Saturday, October 18, 2003

it hurts to fall from somewhere high. it really hurts. and the worst thing is not about the pain, but the fact that i have to climb all the way up again. it's demoralising. i almost wanted to give up. no point to climb all the way up so that i can fall so hard again, i told myself. then again, nothing is there if we don't try. dilemma. depression. shits!

thankfully i will be able to have a long rest this coming weekend. if not, i will just continue to move along in this cycle of depression. having a long break will and should enable me to get my thoughts together before moving on again.

and still i want to ask this question, why do people think i'm a childish and happy-go-lucky person who doesn't know anything and shouldn't be told anything except foolish jokes? it's insulting you know. the worse thing is when i ask out of concern and someone tell me straight in the face "this kind of thing you wouldn't know one lah" and i answered back " i know more than you do." the guilt on the person face. the guilt of the fact that he just judged someone without any backing other than looks. other than the fact that he thinks he's more superior. wtf. no one but god judges me!come on. let it be the last time i encounter it. one need not pull a long face each day to let people know you are mature. you don't have to act mature to be mature. and smiling each day doesn't mean you are a kid who have no troubles and no knowledge of things happening. i just chose to look at it from a more optimistic and reasonable point of view. so fuck off.

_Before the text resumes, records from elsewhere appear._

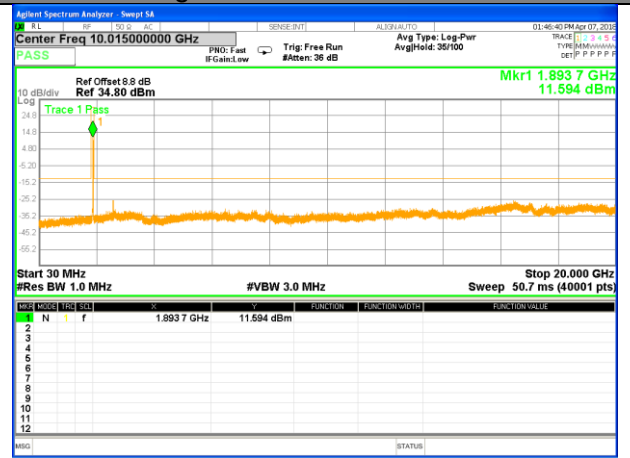

Highest Channel / 16QAM

LTE BAND 2

LTE Band 2 / 15MHz /Emission

Lowest Channel / QPSK

Lowest Channel / 16QAM

Middle Channel / QPSK

Middle Channel / 16QAM

Highest Channel / QPSK

Highest Channel / 16QAM

LTE BAND 2

LTE Band 2 / 20MHz /Emission

Lowest Channel / QPSK

Lowest Channel / 16QAM

Middle Channel / QPSK

Middle Channel / 16QAM

Highest Channel / QPSK

Highest Channel / 16QAM

LTE BAND 4

LTE Band 4 / 1.4MHz /Emission

Lowest Channel / QPSK

Lowest Channel / 16QAM

Middle Channel / QPSK

Middle Channel / 16QAM

Highest Channel / QPSK

african divas live with trance music from UK. almost perfect.



Sunday, October 12, 2003

fucking shit. i'm depressed. not new but this is one of the most serious cases. i'm doubting everything about myself. i have not spoken a single word today. not at all. i feel insecure living in this world. i doubt my existence. maybe the world will still go round if i disappear. i really feel like vanishing from this world. then i will wonder how many notice that. i feel as if i'm going to explode anytime. i have too much inside of me. i need to release some of it. argh!

sometimes, knowing yourself too much is dangerous. like now. half of me is experiencing some depression and another half is trying to console me. trying to untie the knot in my heart. why? why can't it work? i swear the half trying to untie is on a neutral ground. please. right at this moment, please don't think something is wrong with me. everyone has depression. do i need a psychiatrist? maybe soon if this is not improving.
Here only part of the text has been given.